His contempt for his enemies was barely concealed after Price went down with almost sickening formality to Cammarelle.

"The team have one boxer in the final and have also gained two bronze medals, which is the best result since 1956. Even so, there are people in armchairs trying to tell me my job. There is tremendous spirit and we will go forward to 2012 with the same fight that has been shown here. The team have done themselves proud but they must have the support of everyone throughout the sport – that would be nice."

For the moment, at least, DeGale seems least in need of a helping hand. He was considered one of the less likely shots at the glory when the team arrived here but increasingly he has shown the poise of a man capable of seizing an opportunity.

His opponent today is the Cuban Emilio Correa Bayeaux, who has beaten him twice, but DeGale believes he has arrived at a crucial point in his career at exactly the right time. "My performances have shown a steady improvement and what I think I proved today is that I have got on top of the tactics I need to win here. My tactics are in great shape – and so is my head."

DeGale's self-belief was certainly not hindered by the ease with which he outpointed an Irishman who held a 4-1 advantage in victories before yesterday's collision. Sutherland took the fight to DeGale but his crowding tactics were treated by DeGale as an open invitation to score freely on the counter-attack. He did it so well that he eased into the final, 10-3.

Neither Price nor Jeffries could begin to match that kind of authority.

Price, who had, like DeGale, been growing in conviction throughout the tournament, admitted his opponent had out-thought and outpunched him.

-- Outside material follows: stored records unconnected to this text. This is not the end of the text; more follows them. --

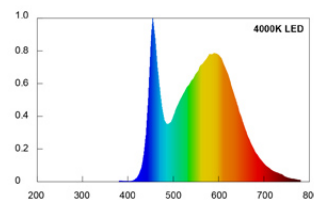

Általános adatok

Terméktípus	Kültéri/Beltéri - Vízálló világítótestek
Modell	Acciaio Eco LED
Kód	A258ED
Termék	ACCIAIO LED 2x58 ED 4000K
EAN vonalkód	8002219728661
Gyártó	Beghelli SpA
Szín	Szürke RAL 7035
Alkalmazás	Irodák, Termelés, Raktárak, Ipari területek
Nettó tömeg [kg]	3,2
Méretetek [mm]	1225x108x90
Kiszerezési darabszám	1

Jellemzők

Szigetelési osztály	I
IP védettség fok	66
IK ütészállósági besorolás	9
Lángállás [°C]	850
Anyag	Epoxi festett acéllemez
Betáplálás feszültsége [V]	230
Frekvencia [Hz]	50
Meddő teljesítmény (cos (φ))	0,95
Lámpatest teljesítménye [W]	52
Berendezés Áramlása [lm]	6400
Fényhatékonyság [lm/W]	124
Környezeti hőmérséklet tartománya [°C] Min ÷ Max	-20 ÷ 40
Felületi hőmérséklet [°C]	85
Tápegység	Állandó áramerősségű LED-hez
Forrás	LED - CCT 4000 K - CRI 80
Átlagos élettartam	60000

Potenza* W	* Dimensional (mm) *			Peso max Kg
	L	B	H	
1x58	1225	108	90	3,2
2x58	1225	108	90	3,2
1x58	1225	108	90	3,2
2x58	1225	108	90	3,2
2x80	1565	108	90	3,9

Photometria adatok

Kimutatás	A258EDo
CIE kód	[57,89,98,100,100]

"My tactics were all wrong tonight," said the lean, towering and extremely disconsolate man from Merseyside. "I feel as if all the hard work has gone down the pan with that performance. I thought he would box off the back foot but instead he came at me from the off.

"No one can take the bronze medal off me," Price said after his fight had been stopped in the second round. "What will I do now? I'll go on to London 2012 but after tonight's performance I'll probably do synchronised swimming."

That bleak Liverpool humour was a sad footnote to a personal campaign which had started with such promise, but it did strike the mood of a camp plainly suffering from a sense that they are the lone occupants of their particular foxhole.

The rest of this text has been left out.